We are cautiously positive for the global economy, and for global equities in particular, as we look ahead into 2013. Global economic conditions remain challenging, and markets are still pricing in a substantial degree of bad news even after the gains made in 2012.
However, some macro improvements—the bottoming of Chinese growth, continued recovery in the United States and the beginning of the healing process in Europe—and a global environment of high liquidity will be strongly supportive for markets over the next 12 months.
Japan's Radical Action
We talked last month about the incoming government in Japan.

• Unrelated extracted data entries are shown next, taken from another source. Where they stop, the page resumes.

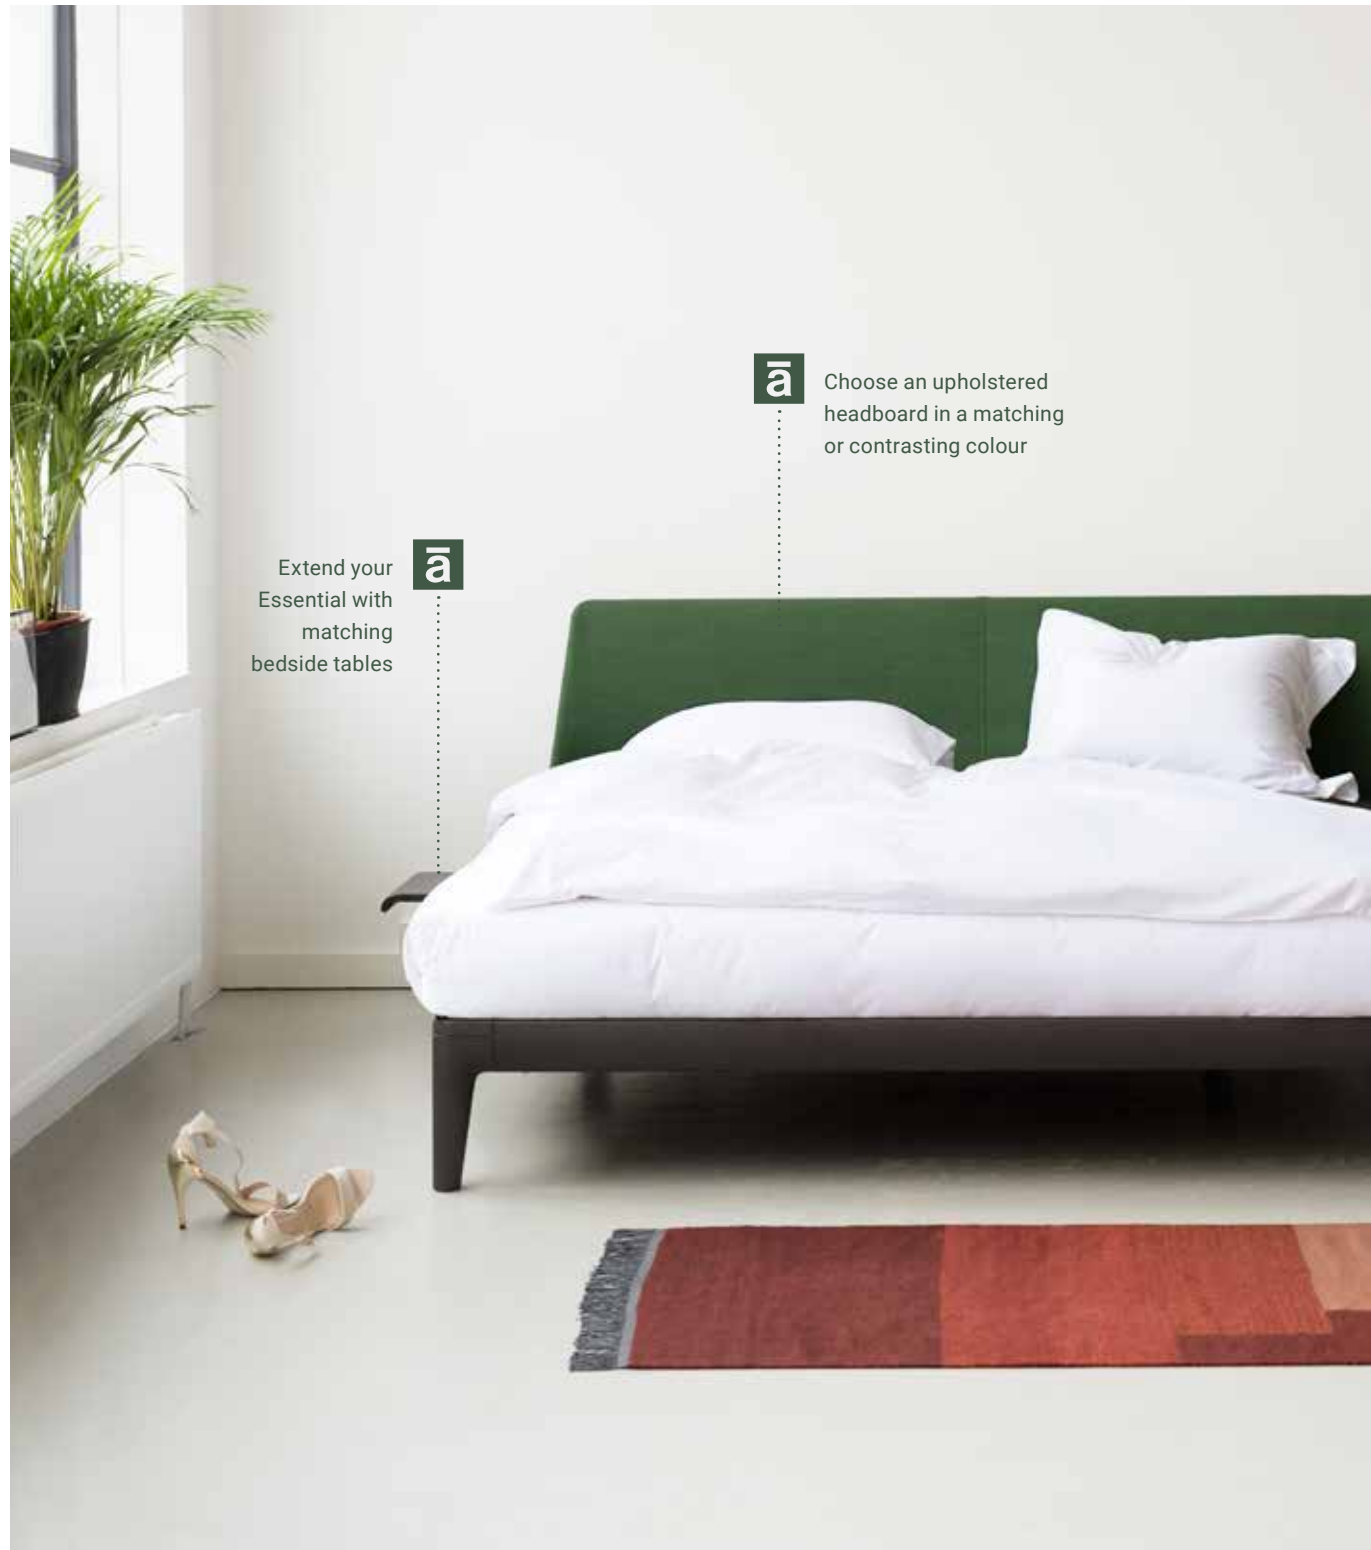

# Ultimate comfort

Complete your perfect bed by choosing a flat or (electrically-) adjustable mesh base and a mattress that suits your body. The Auping mesh base, combined with an Auping mattress, offers exactly the right distribution of body pressure, ensuring you get a good night's sleep.

The top mattress provides extra comfort

The Essential can also be combined with upholstered mattresses

Available in two heights

Extend your Essential with matching bedside tables

ā

ā

Choose an upholstered headboard in a matching or contrasting colour

#### Dimensions

Bed frame made from aluminum, legs are slightly bent. Available in the following dimensions:  
Width: 80/90/100/120/140/160/180/200 cm  
Length: 200/210/220 cm

New Prime Minister Shinzo Abe has come to power on a strong mandate of radical central bank action and increased spending on public works in order to pull the country's economy out of recession and end crippling deflation. Already, the Bank of Japan has increased its asset purchasing program by another $118 billion and has adopted a 2% inflation target.
Unlike in Japan, where the government's intentions have been made clear, U.S. monetary policy has been more scrutinized. The Federal Reserve's successive rounds of quantitative easing provided welcome support for equity markets in 2012. In December, the Federal Reserve announced that it intends to almost double its quantitative easing to $85 billion a month and said that it would continue QE until there was a "substantial improvement" in the labor market. Linking quantitative easing to employment targets in many ways makes official a policy that was already in place.